Assistant: Where are you? It matters because laws vary by location.
Customer: I am in the UK. Midlands
Assistant: What steps have you taken so far?
Customer: The person has told me to pay 50 percent of the money, no money has been passed over so far. He has sent me text threatening me with legal action. Then has found my address possibly through work as I have never given him my address and has given me 10 days to respond before taking legal action. I wanted to know where I stood
Assistant: Anything else you want the Lawyer to know before I connect you?
Customer: I think that is all that I can think of at present. Thank you

Hello, I’m Ben, a UK lawyer and will be dealing with your case today.

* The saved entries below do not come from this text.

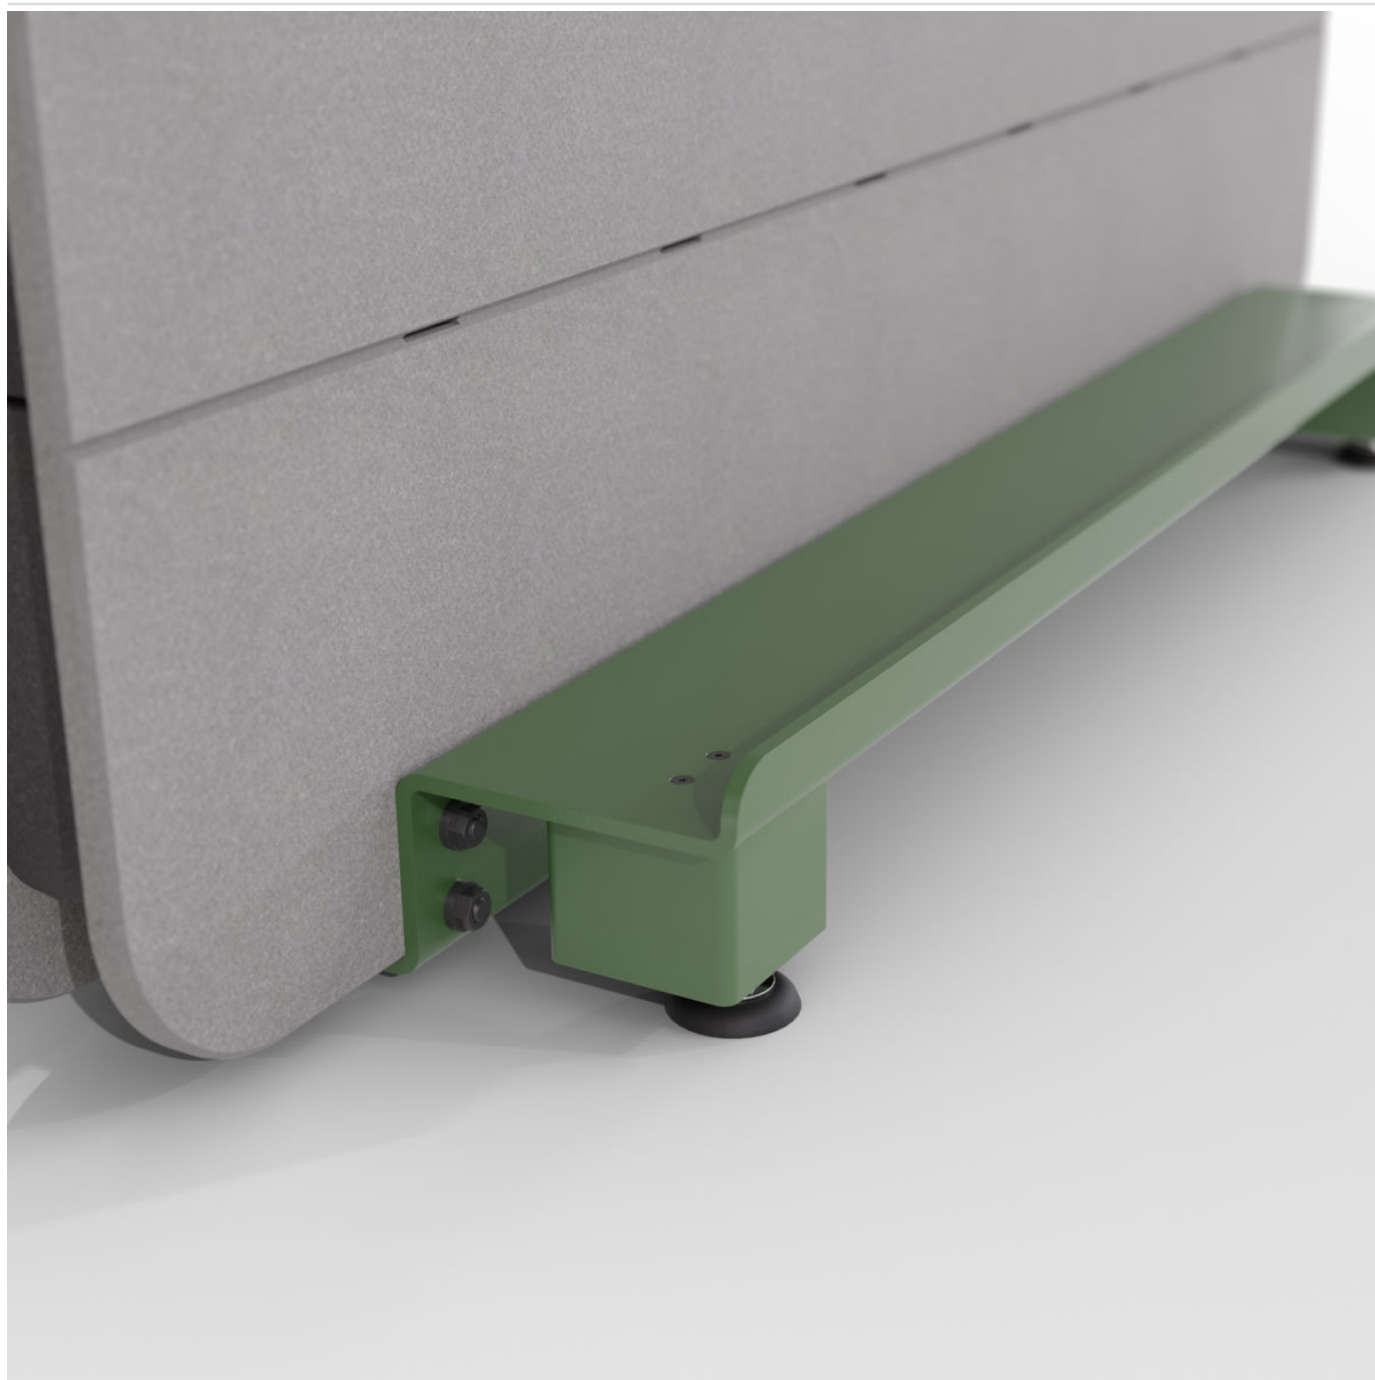

COOEE WALL ADJUSTABLE FOOT

Accessories » Cooee Accessories

Collection: **Cooee**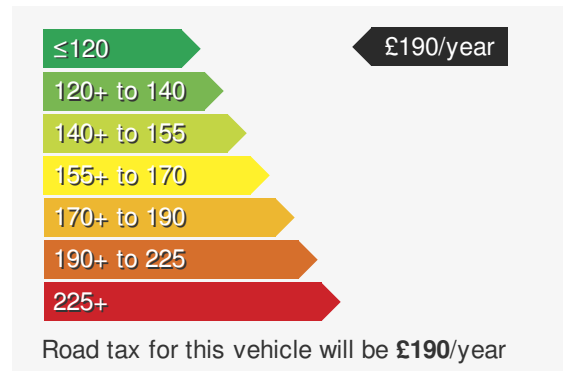

SEAT LEON 2.0 TDI XCELLENCE LUX 150 BHP, LEATHER

£13495.00

VEHICLE DETAILS

Date First Registered:	Mar 2020	Body Style:	Hatchback
Registration:	WU20HND	Colour:	Red
Mileage:	38,000	Doors:	5
Fuel Type:	Diesel	MPG combined:	55
Transmission:	Manual	Insurance group:	21E

VEHICLE ROAD TAX

Every effort has been made to ensure the accuracy of the information above, however errors may occur. Do not rely entirely on this information but check with the dealership about items that may affect your decision to buy. Please disregard the mileage unless it is verified by an independent mileage search. The MPG figure above relates to a typical example of the model when new. This will vary according to the age, condition and mileage of the vehicle and should be used for comparison purposes only.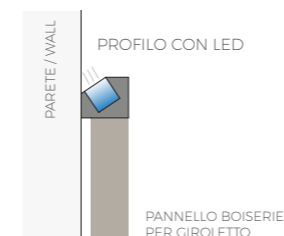

PROFILO LED PER BOISERIE led profile for boiserie

Profilo in alluminio H 4 cm nero opaco con Led inclinato.
Aluminum matt black profile H 4 cm with inclined Led.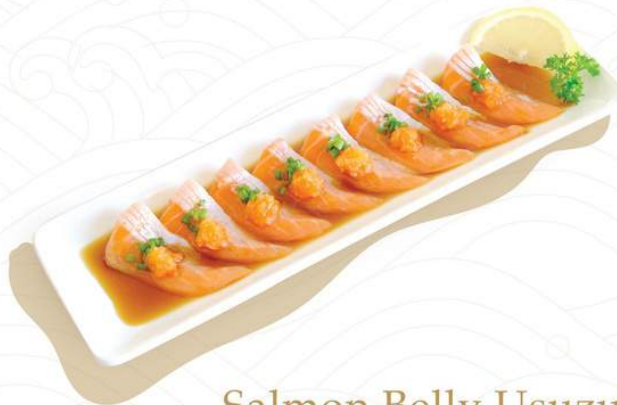

Salmon Belly Usuzukuri
サーモンベリー薄造り

59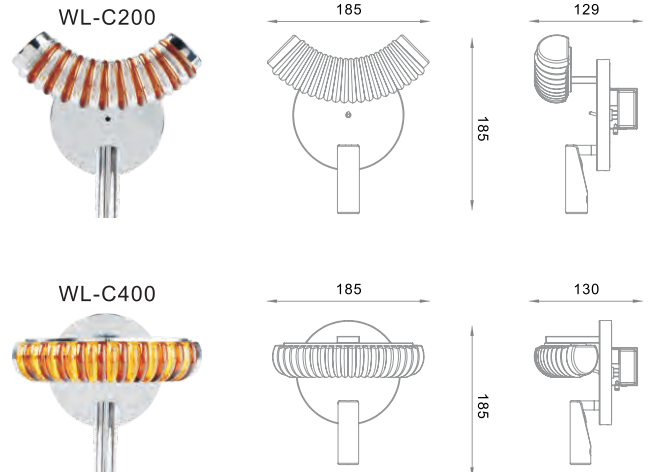

LED Performance

CCT: 3000K
CRI: >80+ (90+ available)
LIFE: 80% of initial lumens after 30,000 hours
Warranty: 3 years limited warranty

Firstly, I need to ask some initial questions to determine the legal position.

How long ago after verbally agreeing did you cancel and how long ago was this?

Customer: replied 6 months ago.
I asked the person in April how much it would be to take pictures at a wedding for me in April. I told him the date, but no clarification took place until tge 14th October when he passed his business card that I could pass to my son to see if it was what he wanted. My son contacted him on the 18th October to ask for a portfolio, then on the 23rd I told him it wasn't what we wanted.

Thank you. I will get back to you with my answer as soon as I can, which will be at some point today. The system will notify you when this happens. Please do not reply in the meantime as this may unnecessarily delay my response. Many thanks.

Ben Jones and other Law Specialists are ready to help you

Many thanks for your patience. It is entirely possible for a verbal agreement to be legally binding but for that to happen it must meet the criteria under common law for a contract to be formed. That requires there to have been an offer, an acceptance, consideration and an intention to create legal relations.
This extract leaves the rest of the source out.